In order to improve the accuracy of MOE determination, different data pre-processing methods were evaluated such as, multiplicative scatter correction (MSC), first derivative (1stDer), second derivative (2ndDer), Savitzky–Golay smooth (S–G) (Andrade et al. 2010; Bächle et al. 2010). In the discipline of mathematics many improved PLS models have been reported, including moving window PLS (MWPLS), and synergy interval PLS (SiPLS) (Yang et al. 2015; Deng et al. 2016). These models commonly use partial spectra bands to select linear data. Saul and Roweis (2003) implemented a non-linear method to reduce data dimensionality and as a tool to simplify and accelerate machine learning in high dimensional spaces. Roweis and Saul (2012) used one of the manifold non-linear methods, locally linear embedding (LLE), to use the lower dimensionality within the Euclidean distance, but errors might be larger while certain neighbor points map into a lower dimensionality space. For this problem, Nguyen et al. (2015) showed that using correlation to seek neighbor points is better than using Euclidean distance. While somewhat effective, the disadvantage of these methods is that information related to mechanical properties may be missed when only relevant spectra are selected.

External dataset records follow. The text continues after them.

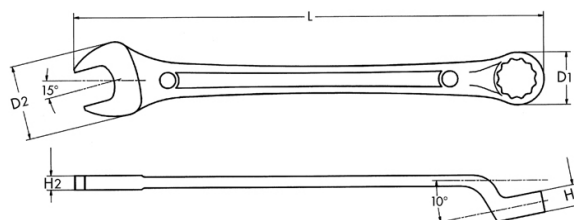

Ringsteeksleutel Maxline, 11 mm

Details	
Code-No.	00410011083
6Kt mm	11
L mm	161
H1 mm	7,4
H2 mm	5,2
D1 mm	16,8
D2 mm	23,9
Weight	60
Packaging unit	10
EAN	4024089097047
Verpakking	karton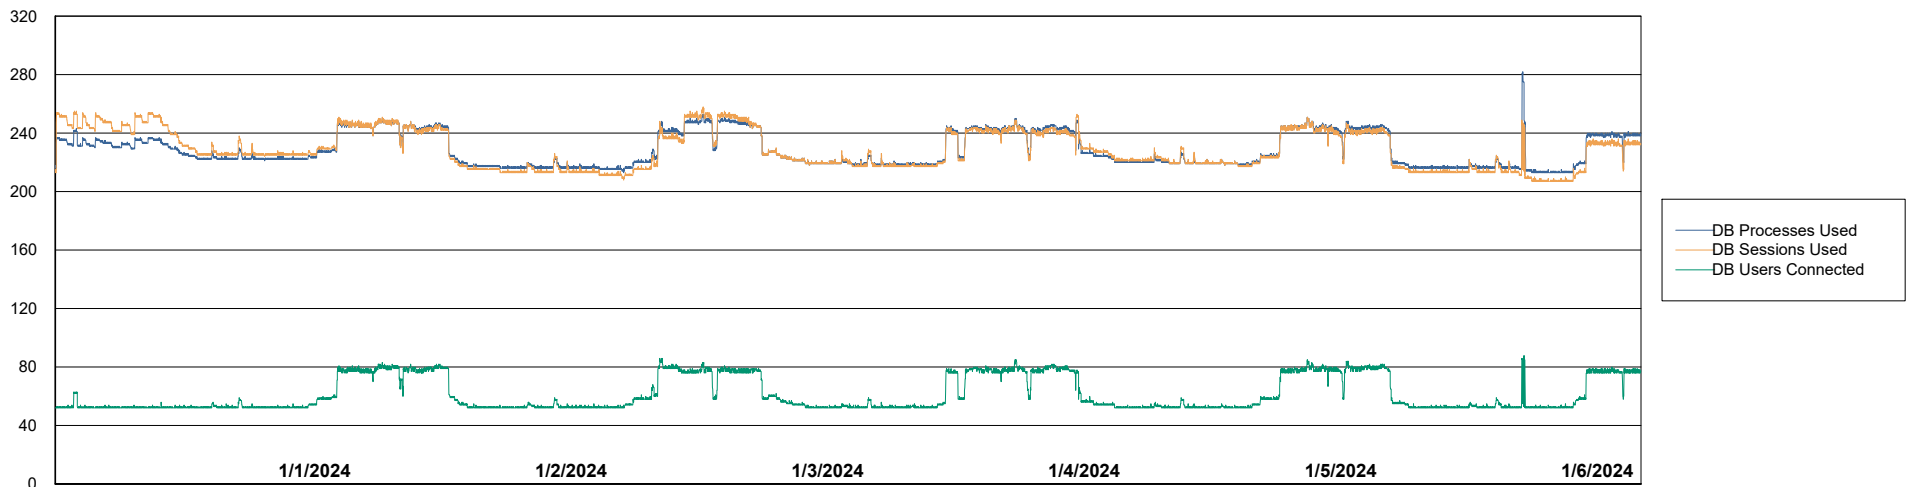

Database Performance CLO_PRD_CLO-ORA01_ABS1

This study uses NIR spectroscopy to predict the MOR and MOE of Mongolian oak wood. A correlation linear embedding PLS (CLE–PLS) model was implemented to conform to the non-linear relationship between NIR spectra and MOR and MOE, which could be applied as a nondestructive identification of wood properties.

Materials and methods

Materials

Mongolian oak (Quercus mongolica) was used to build the near-infrared prediction model. It is a deciduous species distributed in the northeast of China and is commonly used as structural material. Ten trees were randomly chosen from the ‘Chong He’ forest farm located in Wuchang, Heilongjiang province. The average diameter at breast height was 16 cm and the average height was 13 m. All the logs were taken above 1.3 m from the ground and cut into 1-m-long or 2-m-long pieces. After air-drying, each log (40 logs in total) was cut into bending mechanical samples (no pith) of 300 mm × 20 mm × 20 mm. Samples were numbered 1–4, with 1 and 4 taken from the sapwood and 2 and 3 from the heartwood (Fig. 1).

Fig. 1
figure 1

Process of sample production

After removing samples with visible defects and deformations, 135 bending mechanical samples remained. These were numbered from 1 to 135; sapwood and heartwood samples had different serial numbers. All samples were conditioned to 12% moisture content prior to testing.

Property tests

Mechanical test

Samples were measured in four-point bending according to Chinese national standards of the Method for Determination of the MOR in Static Bending of Wood (GB1936.1-2009) and the Method for Determination of the MOE in Static Bending of Wood (GB1936.2-2009).

NIR spectroscopy test

NIR spectra were collected with a one-chip spectrometer produced by INSION Co., Germany. This spectrometer is equipped with an optical fiber probe covering wavelengths from 900 to 1700 nm, with a 7.0 nm resolution. The NIR spectra were acquired by an optical fiber probe 5 mm in diameter (Fig. 2).

Fig. 2
figure 2

NIR measurement process

SPEC View 7.1 collected and recorded the spectra. For each scanning point, 30 scans were collected and averaged into a single spectrum. For each sample (300 mm × 20 mm × 20 mm), eight longitudinal spectra on the radial surface and eight longitudinal spectra on the tangential surface of the bending test samples were averaged to one spectrum. The sampling points were scanned in equal spacing 30 mm on both of the surfaces (Fig. 3). In addition, the diameter of the optical fiber probe was 5 mm.

Fig. 3
figure 3

Sampling points for each sample

NIR spectra pre-processing methods

Matlab 2014a software is a commonly used pre-processing method. The scattering effect of diffuse reflectance measurements can be reduced by multiplicative scatter correction (MSC), and the ground area of baseline shift can be modified by first or second derivatives, and high frequency noise can be smoothed by Savitzky–Golay (S–G).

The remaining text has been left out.